The lowliest cut of beef turned into the most succulent comfort food. I mean, what says comfort more than pot-roast? Immediately thoughts turn to Sunday evening meals; family is near, there’s good conversation amidst the bickering (it is family after all) and always a decent bottle of wine.
Well as soon as I tasted these two wines I started thinking of pot-roast, and I hope the wineries take that as a compliment! For not all red wines under $20 can actually stand-up to the richness, the intense “beefiness” that is great, slow-cooked meat. These wines deliver concentration, balance and value… perfect for your Wintery-type braised dishes.
2010 Milton Park Shiraz
… deep, dark and inky in the glass – it even looks like a wine for beef! Rich aromas of stewed cherries and blackberries, some fresh thyme and rosemary with that background of cracked pepper that is signature Shiraz. Crisp, light acid and approachable, chewy tannin, the flavors in the wine are much in-line with the aromas and are rich enough to pair with dinner but fresh enough to appreciate a glass or two on their own.
*Shiraz: a note on Shiraz; it is the exact same varietal (grape) as Syrah… no difference at all! The only thing that is worthy of noting between the two is that in the past Syrah was considered the French style of winemaking (and so more restrained, less obvious fruit and more earth tones) and Shiraz was the Australian style meaning big bold fruit, higher alcohol. Well, the times have changed and in a recent meeting of the #WineTastingCircle of Vancouver, industry professionals couldn’t tell which was Australian, American, Canadian or Spanish Syrah/Shiraz. It’s not that there are no differences, but that wine-making has grown and evolved that much in the past 10 years. If you think that you don’t enjoy Australian Shiraz but enjoy full-bodied wines with great concentration, balance and structure then you owe it to yourself to “pony-up” the $15 and give this little gem a try.

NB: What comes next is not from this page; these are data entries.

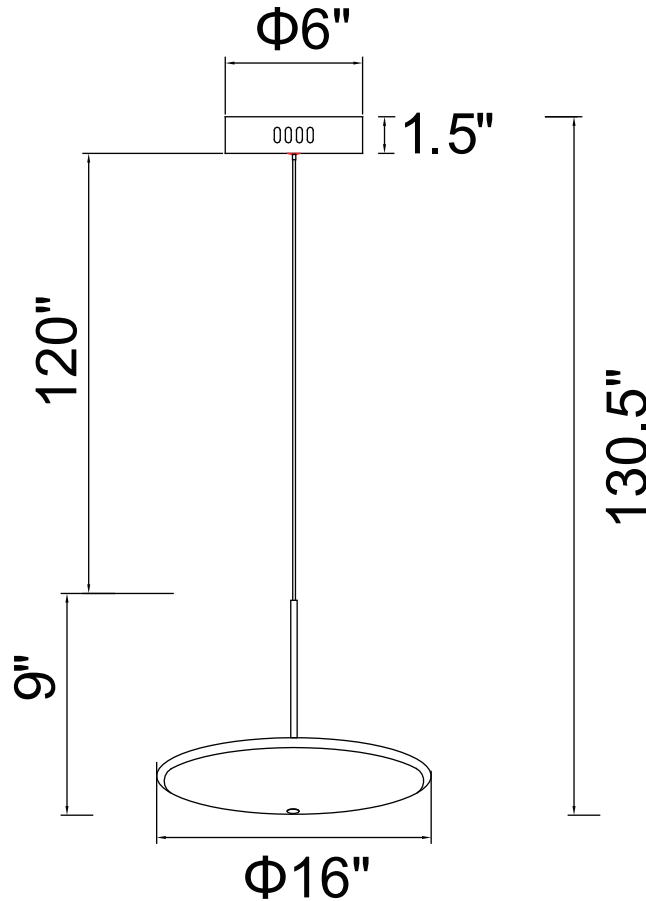

PROJECT: _____
 FIXTURE TYPE: _____
 LOCATION: _____
 CONTACT/PHONE: _____

Item	1204P16-1-625-A
Collection	OVNI
Finish	Brass
Acrylic	Acrylic
Crystal	-----
Input	120V AC,60HZ,AC

Shade	-----
Length/Dia.	16"
Width/Ext.	16"
Height	9"
Maximum	130.5"
Lumens	520

Light Source	LED
Bulb Info.	10W
Included	-----
Dimmable	Yes
Color	3000K
Weight	
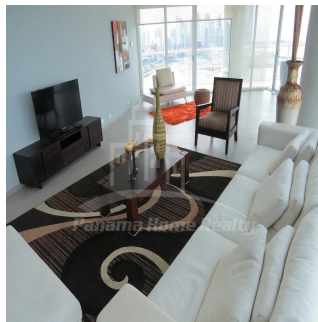

Pavlina Srubarova

Panama Home Realty

Panamá, Panama - Hora Local

📞 +507 66986850

Panama Home Realty offering luxury apartments in Club which is located in the heart of Panama's Business Center. This project extends along Avenida Balboa allowing for an amazing experience and panoramic views of the Pacific Ocean and the Panama City skyline. Panama Home Realty is offering luxury apartments in Club Tower spacious one, two or three bedrooms apartments for sale or for rent, A / B / C / D / E available in high or low levels. Each apartment comes with appliances, including washing center (washer and dryer), dishwasher, microwave, stove with grease extractor, fridge. All units have a fantastic sea view and 2 or 3 balconies. Club Tower is destined to be a premier address. The building stands 57 stories high with 210 lusciously designed residential units with top-of-the-line finishes and amenities. Entering the building, you are immediately greeted with an elegant porte-cochere, flanked with a magnificent waterfall, landscaping, and reflecting pools. Along with the beautiful surroundings, the Club Tower has 24-hour covered valet parking service, a welcoming concierge service and door attendant, and full security services with monitored cameras. The security service is also present in our high-speed, semi-private elevators. The units of the Club Tower Panama were designed with ease and comfort in mind. Balboa Avenue itself is surrounded by the Bay of Panama to the north and the most prestigious, flourishing regions in Panama, including Punta Pacifica and Punta Paitilla to the East, and the Casco Viejo Historic Center and Amador to the West. The Club Tower is also conveniently located 20 minutes from the Panama Tocumen International Airport. Two-story Grand Entrance Lobby with Porte Cochere, magnificent waterfall, elegantly landscaped entryway and reflecting pools. 24 hour covered valet parking service, concierge service, door attendant and full-security service with monitored cameras. Security controlled high speed semi private elevators. Two level glass walled high-tech fitness center overlooking the Island Oasis pool lounge and with amazing views of the bay. Lushly designed Island Oasis pool lounge with sunrise and sunset infinity edge pools, private cabanas and views overlooking the bay and the city. Private landscaped gardens of lush palm groves and tropical plants with play ground for children. Fully equipped fitness center and spa. Grand ballroom. Bussiness and conference center. The Club Tower Panama features a Private Nautical Club with boating and fishing vessels the Explorer and the Escapade to be used at your availability all year long, providing for all your boating needs such as rental, storage, repair and maintenance.
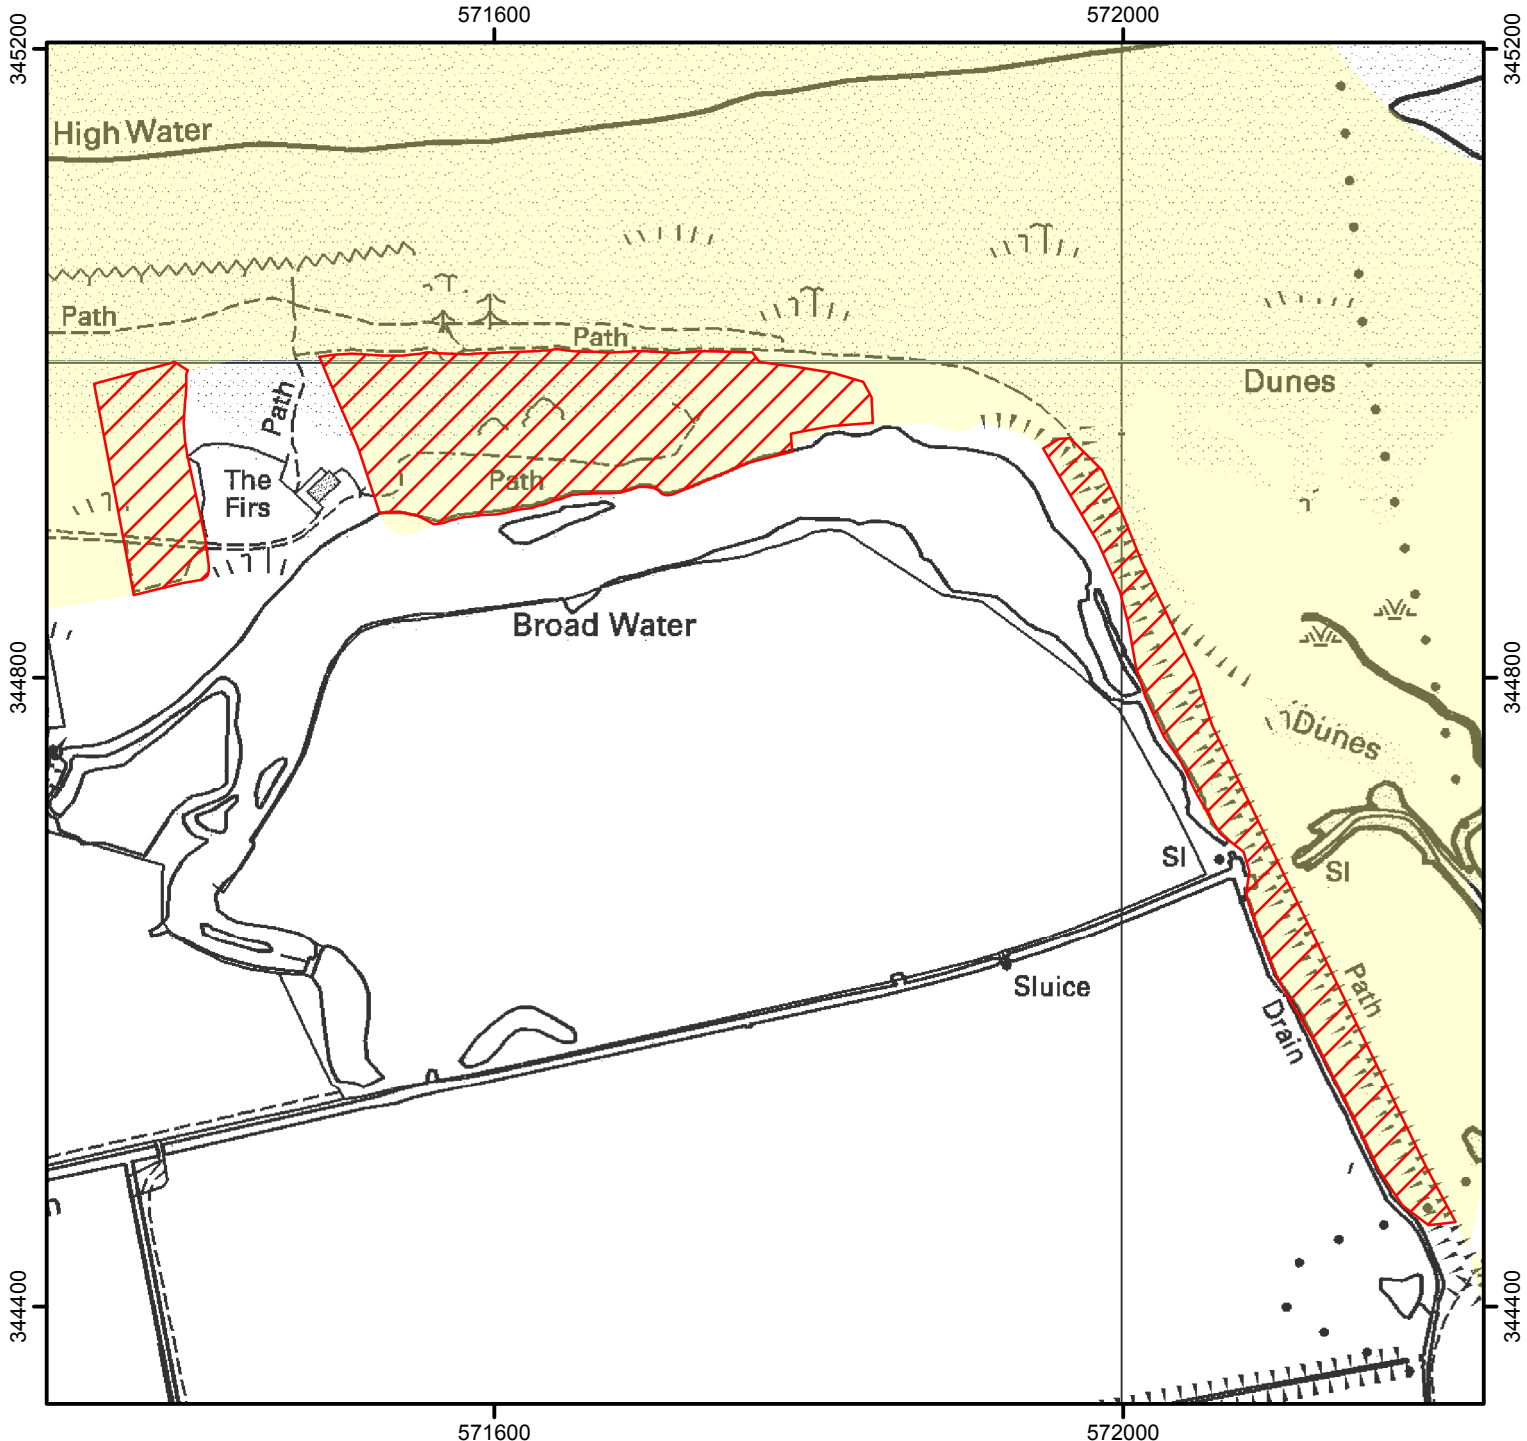

# NO OPEN ACCESS

The Open Access land shown hatched on the map below is restricted for land management purposes.

This does not affect Public Rights of Way

Closed until further notice.

Case Number: 2005040189

© Crown Copyright and database right 2017.  
Ordnance Survey 100022021

Restricted Open Access Land

Open Access Land

For more information call the Open Access Contact Centre on 0300 060 2091  
or visit our website at [www.gov.uk/right-of-way-open-access-land/use-your-right-to-roam](http://www.gov.uk/right-of-way-open-access-land/use-your-right-to-roam)
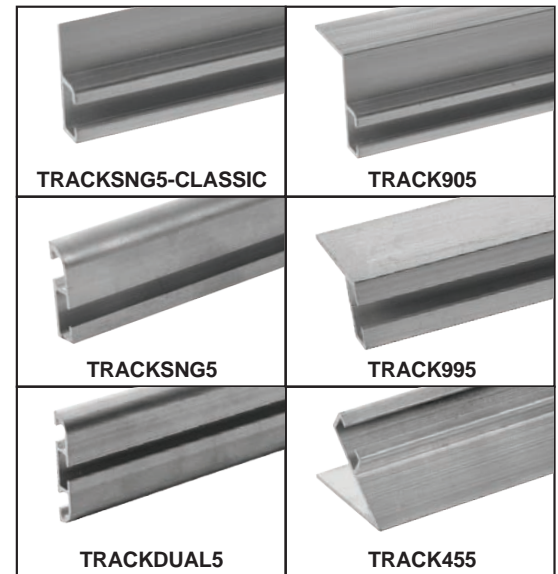

LED RETAINER TRACK OPTIONS

Contact us for more info:

☎ **786.339.9840**

✉ **Sales@GateArms.com**

Follow us on social media:
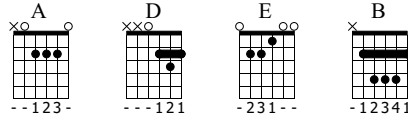

Baby I Love You

Ramones
End Of Century

Standard tuning

Moderate ♩ = 110

Intro

S-Gt

A **D** **E**

Verse

Part

5 9 13

TAB

The musical score is presented in three systems. Each system consists of a standard musical staff (treble clef, 4/4 time) and a corresponding guitar tab staff. The Intro section (measures 1-4) features a sequence of chords: A, D, and E. The Verse section (measures 5-12) and Part section (measures 13-20) continue with the same chord progression. The guitar tabs use numbers 0-4 to indicate fret positions and 'x' for muted strings. The key signature has one sharp (F#).
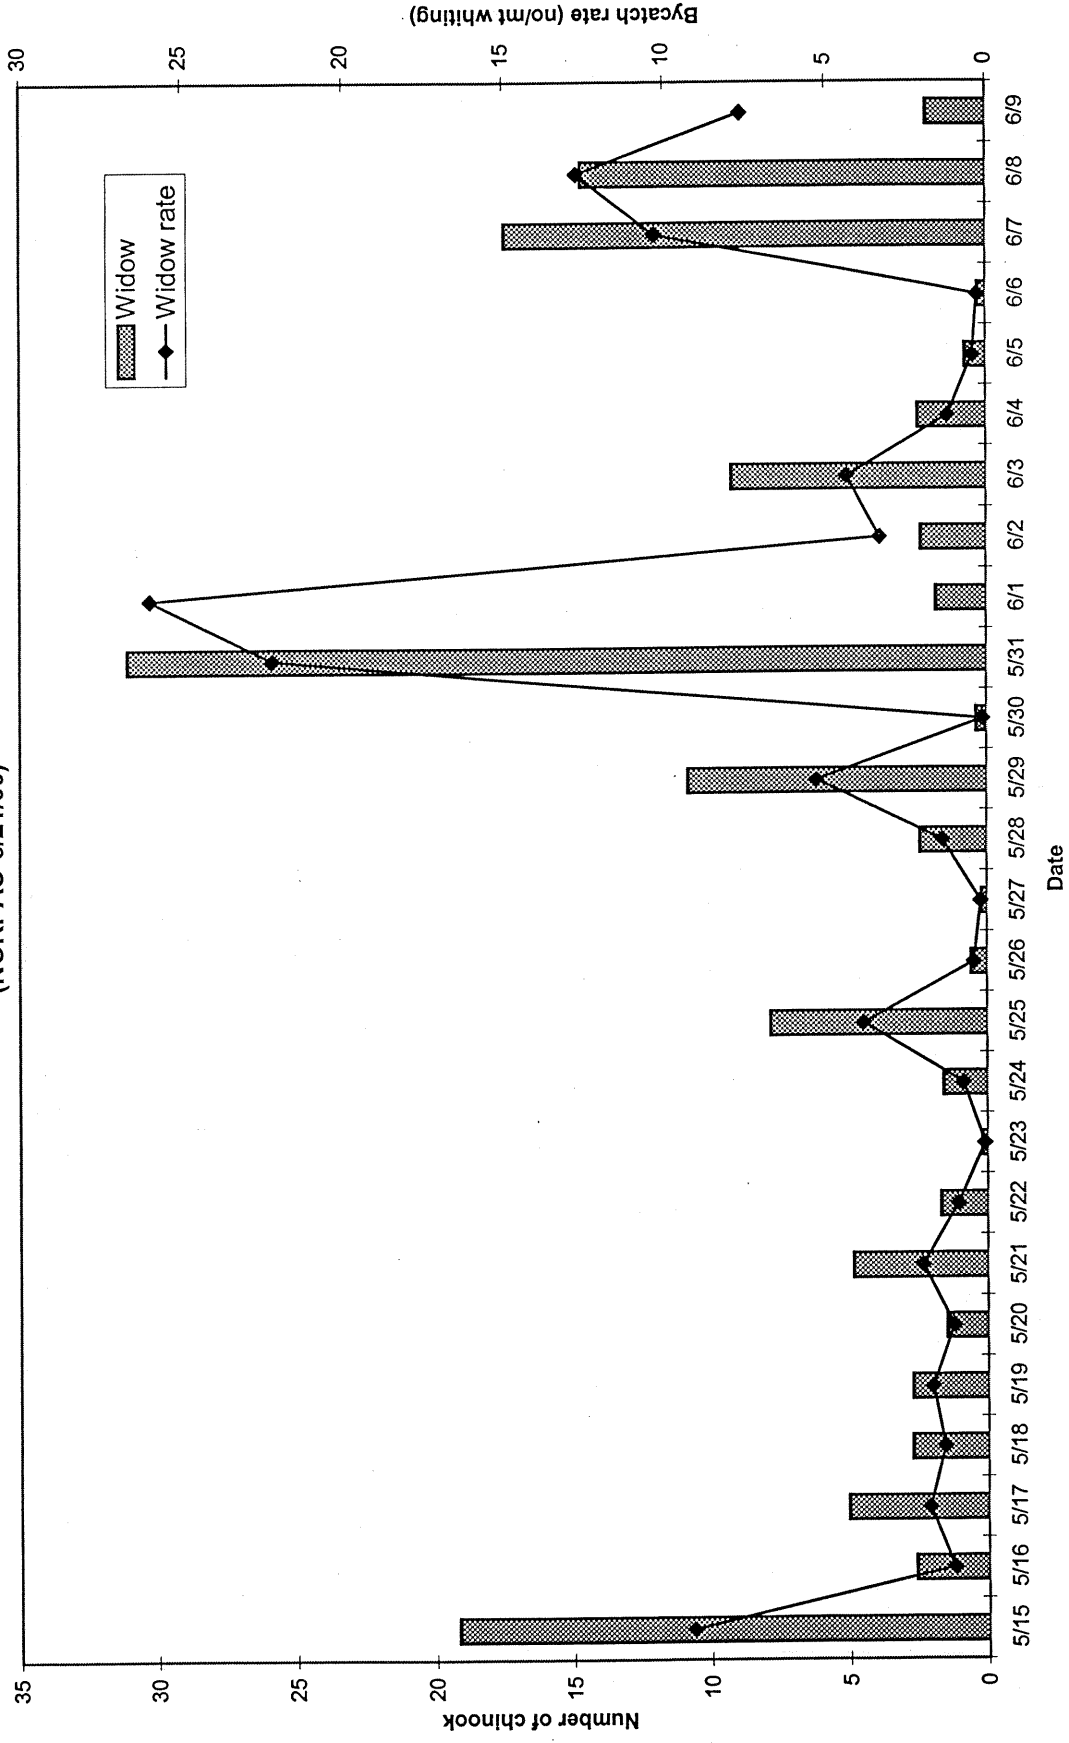

Total catch through 6/20/00 in the at-sea processing sector of the whiting fishery (NORPAC 6/21/00)

Catcher Processor catch by week - observer data

Mode	Weekending	Whiting mt	Yellowtail mt	Rate kg/mt	Widow mt	Rate kg/mt	Chinook no.	Rate no./mt
CP	5/16/00	419.26	0.02	0.0496	0.13	0.3015		
CP	5/23/00	5258.82	100.55	19.1209	13.16	2.5026	262.00	0.0498
CP	5/30/00	5875.33	11.33	1.9285	6.28	1.0697	267.25	0.0455
CP	6/6/00	4850.90	1.80	0.3711	8.89	1.8317	53.00	0.0109
CP	6/13/00	6376.59	0.97	0.1517	3.07	0.4815	15.00	0.0024
CP	6/20/00	6600.38	7.44	1.1276	0.47	0.0709	632.00	0.0958
CP	6/27/00	345.06	5.36	15.5471	0.27	0.7770	5.01	0.0145
SUM-2000		29726.34	127.48	4.2885	32.26	1.09	1234.26	0.04
SUM-1999		67679.00	431.00	6.3683	101.00	1.49	2704.00	0.04
Industry Threshold				2.40		1.40		0.05

Mothership catch by week - observer data

Mode	Weekending	Whiting mt	Yellowtail mt	Rate kg/mt	Widow mt	Rate kg/mt	Chinook no.	Rate no./mt
MP	5/16/00	4608.73	46.87	10.1691	21.16	4.5918	32.90	0.0071
MP	5/23/00	15276.89	85.27	5.5815	20.56	1.3457	1545.78	0.1012
MP	5/30/00	14119.25	103.00	7.2953	26.61	1.8847	2495.54	0.1767
MP	6/6/00	9486.79	15.95	1.6815	47.25	4.9802	261.17	0.0275
MP	6/13/00	3348.15	34.90	10.4227	35.19	10.5098	94.92	0.0284
SUM-2000		46839.81	285.99	6.11	150.77	3.22	4430.31	0.09
SUM-1999		47,580	253	5.32	48	1.01	1,687	0.04
Industry Threshold				7.00		2.70		0.05

Chinook salmon bycatch in the catcher processor sector of the 2000 whiting fishery (NORPAC-6/21/00)

Chinook salmon bycatch in the mothership sector of the 2000 whiting fishery (NORPAC-6/21/00)

Widow rockfish bycatch in the catcher processor sector of the 2000 whiting fishery (NORPAC-6/21/00)

Widow rockfish bycatch in the mothership sector of the 2000 whiting fishery (NORPAC-6/21/00)

Yellowtail rockfish bycatch in the catcher processor sector of the 2000 whiting fishery (NORPAC-6/21/00)

Yellowtail rockfish bycatch in the mothership sector of the 2000 whiting fishery (NORPAC-6/21/00)
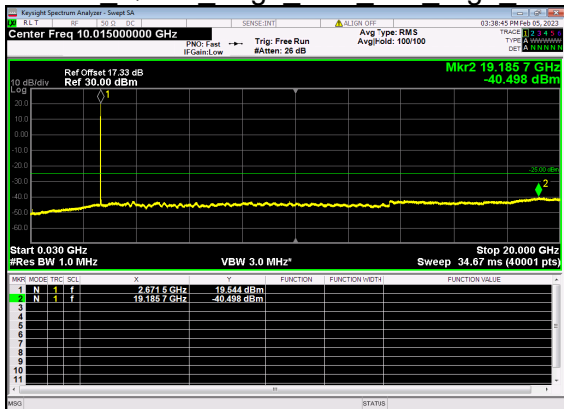

N41(20M)_DFT-s-OFDM QPSK Edge 1RB Left High CH
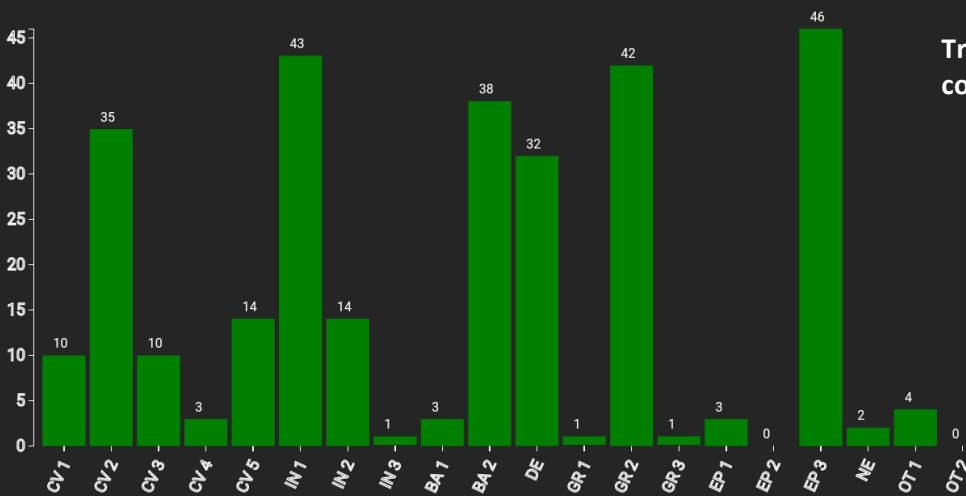

# Technical information

DE

Name: **Am Paradies**

Forest type: **Mixed oak-maple-lime-Scots pine forest**

State / Region	Owner	Establishment	Size
Germany / Saxony-Anhalt	State Forest Sachsen-Anhalt	2022	1 ha
Altitude [m.a.s.l.]	Mean annual precipitation [mm]	Mean annual temperature [°C]	Natural forest community
75	600	9.0	Carpinion betuli
Number of trees [N/ha]	Basal area [m <sup>2</sup> /ha]	Volume [m <sup>3</sup> /ha]	Habitat value [points/ha]
524	33.3	465.1	3843

DBH distribution

Tree species distribution (% Volume)

Tree microhabitat distribution by code (Total: 302)

## Marteloscope map (1.0 ha):

Jumilla “Las Hermanas” organic Monastrell
… fresh, fruity, inviting: this is the wine you open as you’re cooking and hope that you have a second bottle for dinner! The aromas are plush with red cherries, currants and young plums and the palate has just enough acid to crave a bit of fatty food but, once again, balanced enough to appreciate thoroughly on its own. A solid wine, this is already on my Top 100 list for 2014~!
*Monastrell: not familiar with it? I find that this grape is very much like Merlot, which all of us can remember as fresh, fruit-driven flavors. This is a classic to serve at social events, but when well-made can offer concentration and structure to pair with classic Canadian winter dishes like pot-roast, tortierre and Shepard’s pie/Cottage pie. As per this particular producer, it’s small wonder that the European Portfolio Manager for the BC Liquor Board (one of Canada’s three Masters-of-Wine: Barbara Phillip) has named this as an “Insider Pick”. This would be a great value even if it wasn’t organic!
Making beautiful food doesn’t have to be time consuming! And while I can admire the economy of throwing everything into one pot and turning it on, when plating that food it can look sometimes like a plate for the dog rather than the (fussy) kids.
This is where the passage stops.